Said Cox: “No man could have lived against such a murderous attack. There was a rain of lead, a deluge of lead, and, talk about being surprised, well, I can hardly realise that, and still less believe what happened.”
By the side of Cox sat a lean, fair-haired, freckle-faced private. “That’s right,” he said, by way of corroborating Cox. “They were fair devils,” chimed in an Irishman, who later told me that he came from Connemara. “You could do nothing with them, but I say they are no d – good as riflemen.”
“No, they’re not, Mike,” ventured a youth. “We got within 400 yards of them, and they couldn’t hit us.”
“But,” broke in the man of Connemara, “they are devils with the big guns, and their aim was mighty good, too. If it had not been they wouldn’t have damaged us as they have done.”
A few yards away was another soldier, also seated in a wheeling chair, with a crippled leg – a big fine fellow he was. He told me his corps had been ambushed, and that out of 120 only something like twenty survived.
On all hands I heard all too much to show that the battle of Mons was a desperate affair. Two regiments suffered badly, but there was no marked disposition on the part of any of the soldiers with whom I chatted to enlarge upon the happenings of last week-end. Rather would they talk more freely of the awful atrocities perpetrated by the Germans.
“Too awful for words,” one said. “Their treatment of women will remain as a scandal as long as the world lasts. We shall never forget; we shall never forgive. I wish I was back again at the front. Englishmen have only got to realise what devilish crimes are being committed by these Germans to want to go and take a hand in the fight. Women were shot, and so were young girls. In fact, it did not seem to matter to the Germans who they killed, and they seemed to take a delight in burning houses and spreading terror everywhere.

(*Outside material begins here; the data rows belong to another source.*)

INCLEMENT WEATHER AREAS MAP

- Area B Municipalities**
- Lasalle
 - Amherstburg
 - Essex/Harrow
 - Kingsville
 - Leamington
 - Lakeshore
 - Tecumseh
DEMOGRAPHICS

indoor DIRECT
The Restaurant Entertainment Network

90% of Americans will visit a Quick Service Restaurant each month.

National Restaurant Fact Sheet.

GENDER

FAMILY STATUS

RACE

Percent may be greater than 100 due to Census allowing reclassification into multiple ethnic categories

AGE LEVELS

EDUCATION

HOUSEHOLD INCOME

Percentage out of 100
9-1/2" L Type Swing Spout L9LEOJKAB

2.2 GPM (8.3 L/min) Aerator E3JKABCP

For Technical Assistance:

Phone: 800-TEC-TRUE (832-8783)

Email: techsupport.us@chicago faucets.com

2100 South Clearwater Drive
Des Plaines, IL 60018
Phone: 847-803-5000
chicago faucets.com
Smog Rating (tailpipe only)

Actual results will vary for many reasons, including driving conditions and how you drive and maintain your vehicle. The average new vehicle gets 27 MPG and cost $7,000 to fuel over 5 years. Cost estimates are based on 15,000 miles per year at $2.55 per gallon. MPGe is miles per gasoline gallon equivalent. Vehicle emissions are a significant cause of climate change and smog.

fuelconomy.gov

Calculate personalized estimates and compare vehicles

“I have got one consolation, I helped to catch four German spies.”
In Hospital.
(2) At Belfast.
About 120 officers and men arrived in Belfast on August 31st, direct from the Continent. They were brought here, says the Daily Telegraph local correspondent, to be near their friends, for the men had been in Ulster for a long time before leaving for the front, being stationed in Belfast and later in Londonderry. They sailed from this city for the theatre of war on August 14th, to the number of 900. It was remarkable to note how many of them were injured in the legs and feet. All were conveyed to the hospital at the Victoria Military Barracks. The men were glad to see Belfast again, but those to whom I spoke will be bitterly disappointed if they do not get another opportunity for paying off their score against the Germans.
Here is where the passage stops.